Nothing but the lines below between the line holding "Hardware type R40" and the line holding "Ball bearing rollers.", inclusive, should appear in the answer, each set down exactly.

▸ **Input**

---+---

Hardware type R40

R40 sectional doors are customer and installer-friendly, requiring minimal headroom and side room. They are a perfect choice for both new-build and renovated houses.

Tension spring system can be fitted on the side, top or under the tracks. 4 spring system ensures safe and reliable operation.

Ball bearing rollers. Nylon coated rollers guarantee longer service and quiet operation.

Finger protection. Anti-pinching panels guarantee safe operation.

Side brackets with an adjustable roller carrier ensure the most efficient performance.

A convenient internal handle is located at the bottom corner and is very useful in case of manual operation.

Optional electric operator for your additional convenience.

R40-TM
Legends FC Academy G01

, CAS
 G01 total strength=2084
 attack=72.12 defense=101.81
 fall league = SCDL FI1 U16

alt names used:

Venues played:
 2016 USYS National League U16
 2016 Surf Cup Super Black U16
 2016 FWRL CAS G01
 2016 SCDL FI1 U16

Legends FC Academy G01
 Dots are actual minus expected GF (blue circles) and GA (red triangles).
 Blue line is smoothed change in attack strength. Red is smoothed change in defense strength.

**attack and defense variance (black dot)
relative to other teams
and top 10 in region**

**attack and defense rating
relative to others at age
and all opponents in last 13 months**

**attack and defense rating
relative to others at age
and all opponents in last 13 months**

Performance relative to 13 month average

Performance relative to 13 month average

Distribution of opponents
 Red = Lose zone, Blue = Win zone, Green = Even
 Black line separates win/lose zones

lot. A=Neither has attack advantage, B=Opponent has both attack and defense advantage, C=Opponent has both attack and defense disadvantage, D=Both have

---+---

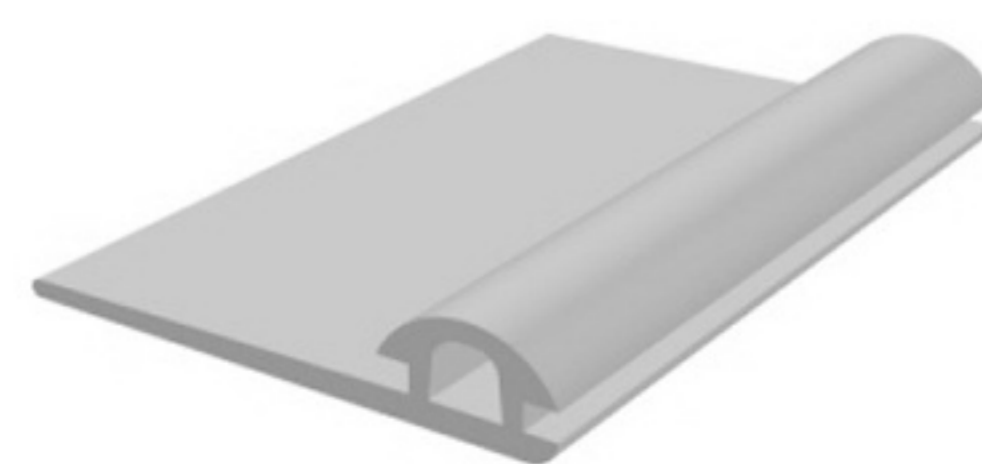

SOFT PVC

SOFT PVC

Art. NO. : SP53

---+---

▸ **Solution to this problem**
Hardware type R40

R40 sectional doors are customer and installer-friendly, requiring minimal headroom and side room. They are a perfect choice for both new-build and renovated houses.

Tension spring system can be fitted on the side, top or under the tracks. 4 spring system ensures safe and reliable operation.

Ball bearing rollers. Nylon coated rollers guarantee longer service and quiet operation.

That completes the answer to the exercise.